From: Barry Song <[email protected]>

while sg_nents is 1, which is always true for the current kernel
as the only user - zswap is this case, we might have a chance to
remove memcpy, thus improve the performance.
Though sg_nents is 1, its buffer might cross two pages. If those
pages are highmem, we have no cheap way to map them to contiguous
virtual address because kmap doesn't support more than one page
(kmap single higmem page could be still expensive for tlb) and
vmap is expensive.
So we also test and enure page is not highmem in order to safely
use page_to_virt before removing the memcpy. The good news is
that in the most majority of cases, we are lowmem, and we are
always lowmem in those modern and popular hardware.

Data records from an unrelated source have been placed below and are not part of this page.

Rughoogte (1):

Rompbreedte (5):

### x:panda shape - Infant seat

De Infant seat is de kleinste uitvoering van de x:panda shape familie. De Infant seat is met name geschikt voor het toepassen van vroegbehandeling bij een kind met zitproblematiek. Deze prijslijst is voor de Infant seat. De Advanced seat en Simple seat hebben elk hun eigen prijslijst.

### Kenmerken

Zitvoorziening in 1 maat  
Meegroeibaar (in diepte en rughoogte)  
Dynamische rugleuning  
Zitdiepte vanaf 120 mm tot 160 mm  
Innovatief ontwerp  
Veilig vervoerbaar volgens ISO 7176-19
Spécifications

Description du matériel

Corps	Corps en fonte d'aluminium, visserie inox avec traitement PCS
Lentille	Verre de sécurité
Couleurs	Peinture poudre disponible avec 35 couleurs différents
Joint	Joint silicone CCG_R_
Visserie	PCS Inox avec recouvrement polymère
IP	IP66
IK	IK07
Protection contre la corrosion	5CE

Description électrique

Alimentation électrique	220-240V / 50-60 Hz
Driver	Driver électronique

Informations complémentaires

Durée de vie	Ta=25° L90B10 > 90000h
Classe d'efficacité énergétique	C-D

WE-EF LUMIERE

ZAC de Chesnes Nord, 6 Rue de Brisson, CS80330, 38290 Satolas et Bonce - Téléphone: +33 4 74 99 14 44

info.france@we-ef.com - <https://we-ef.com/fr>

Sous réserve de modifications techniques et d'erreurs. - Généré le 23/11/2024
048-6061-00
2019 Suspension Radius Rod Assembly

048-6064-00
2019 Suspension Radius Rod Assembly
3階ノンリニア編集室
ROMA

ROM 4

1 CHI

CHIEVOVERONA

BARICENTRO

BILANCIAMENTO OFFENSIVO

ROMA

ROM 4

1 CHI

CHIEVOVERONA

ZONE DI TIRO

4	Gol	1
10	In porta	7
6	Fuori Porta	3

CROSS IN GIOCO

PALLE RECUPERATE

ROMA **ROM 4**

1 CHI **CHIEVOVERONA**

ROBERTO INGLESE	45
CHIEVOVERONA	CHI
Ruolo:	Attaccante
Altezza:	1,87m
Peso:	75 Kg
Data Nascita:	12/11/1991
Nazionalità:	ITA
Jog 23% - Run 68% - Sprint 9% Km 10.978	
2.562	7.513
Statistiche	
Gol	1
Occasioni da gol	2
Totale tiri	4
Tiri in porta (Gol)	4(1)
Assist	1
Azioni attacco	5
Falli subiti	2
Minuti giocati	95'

Cc: Johannes Weiner <[email protected]>
Cc: Nhat Pham <[email protected]>
Cc: Yosry Ahmed <[email protected]>
Signed-off-by: Barry Song <[email protected]>
Tested-by: Chengming Zhou <[email protected]>
---
-v7:
* fix the problem pointed out by Herbert - flush all pages if dst
is longer than one page.

crypto/scompress.c | 36 +++++++++++++++++++++++++++++-------
1 file changed, 29 insertions(+), 7 deletions(-)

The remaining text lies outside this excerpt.